第11章 ターニング
「残念ながら、もう手遅れだ。ブラネ女王はすでに王女様から召喚獣の力を抽出済みだよ」
「そんな……」
足の力が抜けてその場に座り込んだ私を受け止めるように、クジャは私の両肩を抱いた。
「君が責任を感じる必要はない。もうガーネット姫のことは忘れるんだ」
私を包み込むような声が頭上から降ってくる。
その声色は柔らかく、本当に私のことを愛しんでいるようだった。
「大丈夫、時間はかかるかもしれないけど、きっと忘れさせてあげる」
「はなして……」
忘れるなんて、そんな無責任なことできない。
ダガーにはこの世界に来て本当に色々お世話になった。
どうしたってダガーには幸せになってほしい。
私が無理やりクジャから体を離すと、彼はしょうがないというように息をはいた。
「もうそろそろ準備ができる。
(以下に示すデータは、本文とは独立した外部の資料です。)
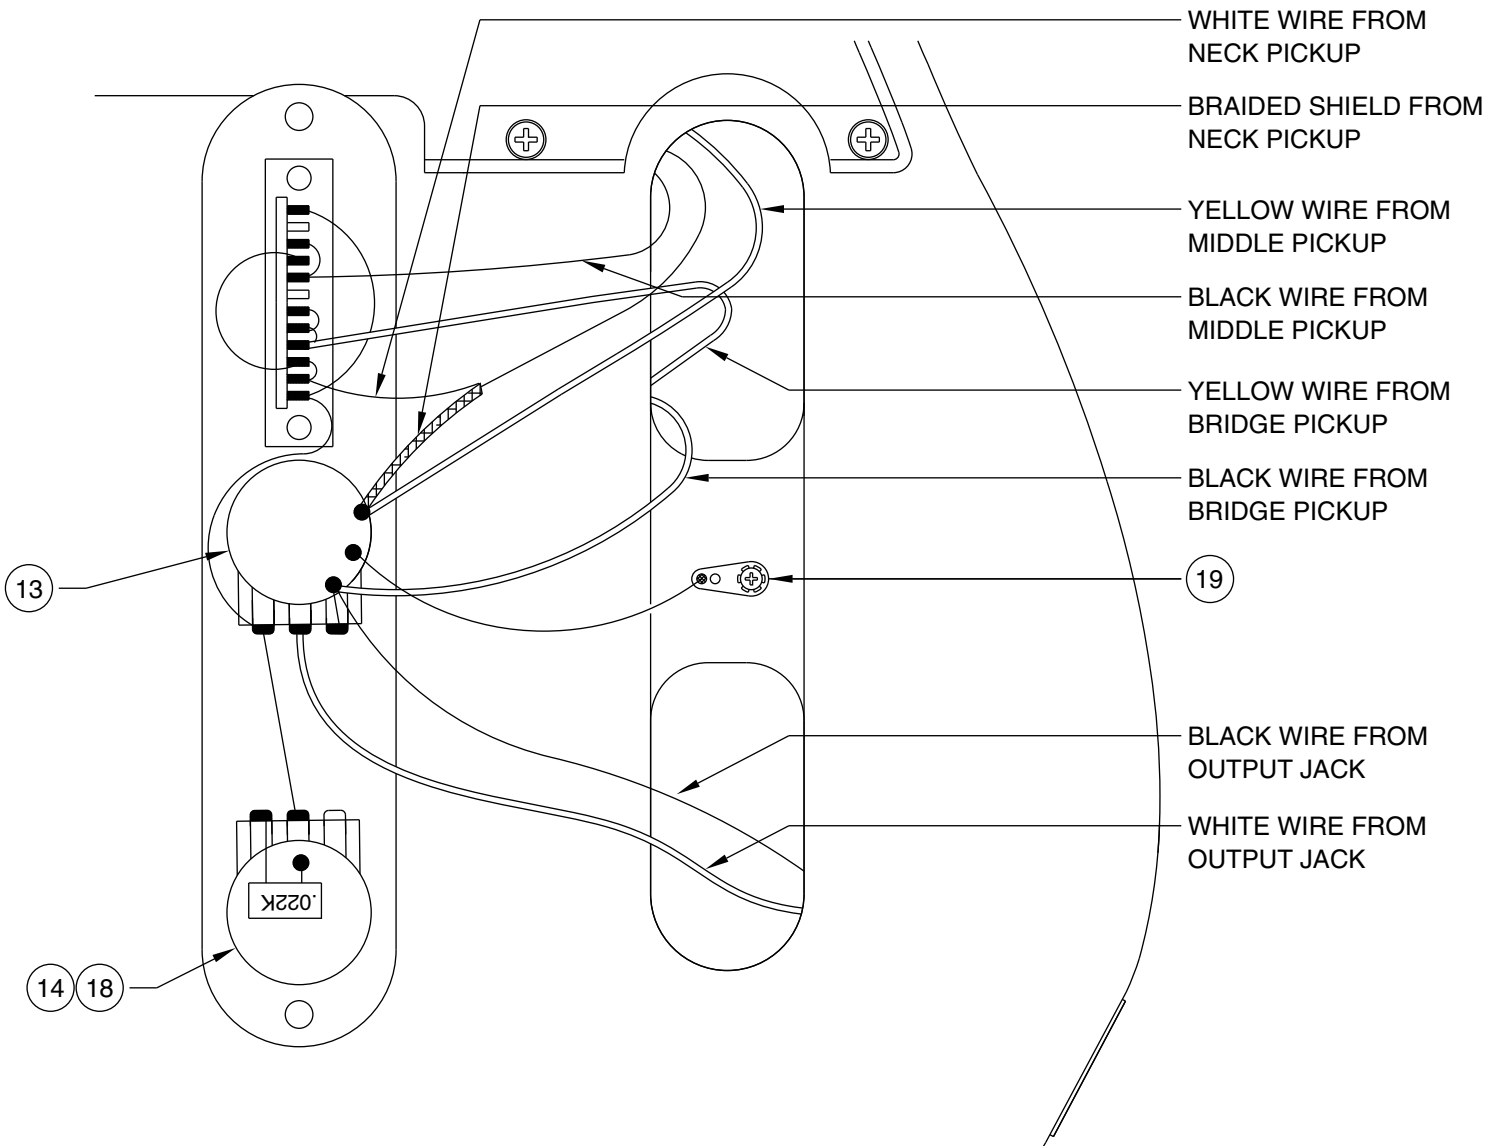

NASHVILLE B-BENDER TELECASTER 0108342

CONTROL ASSEMBLY

次君に会いにくるのは、君がここから出るときになるだろう」
近くで立ち上がる気配がすると、すぐに靴音が遠ざかっていくのがわかった。
一人の空間になって、考える。
私に何ができるだろう。
このままブラネ女王の思い通りにしていたら、この世界がめちゃくちゃになっちゃう。
ブラネ女王を殺す?
ううん、それはきっとダガーが悲しむ。
だったらブラネ女王を改心させる以外に方法はない。
元々は優しい人だって言ってたし、きっと止めることはできるはず。
そもそもブラネ女王を手引きしているクジャをどうにかしないと。
そこまで考えて、はっとした。
どうして私、今まで普通にクジャと話してたんだろう。
「だって、なんか、クジャが優しいから……」
クジャの私に対する声は、なんだか気を許しているみたいで、話しているとこちらまで気が抜けてしまうのだ。
いけない、気を引き締めないと。
都合がいいことに、クジャは私のことを近いうちに開放してくれるみたいだし、そしたら、クジャを……。
そう考えると、少し胸のあたりがもやっとした。
この数日、クジャとばかり話していたからか、そんなに悪い人じゃないんじゃないかって気持ちが私の中で芽生えてしまっているんだ。
いけない、気持ちを切り替えないと。
「でも、どうしてクジャは私を気にかけてくれるんだろう」
そこまで考えて、私は思考を切り替えようと、再び頭をふった。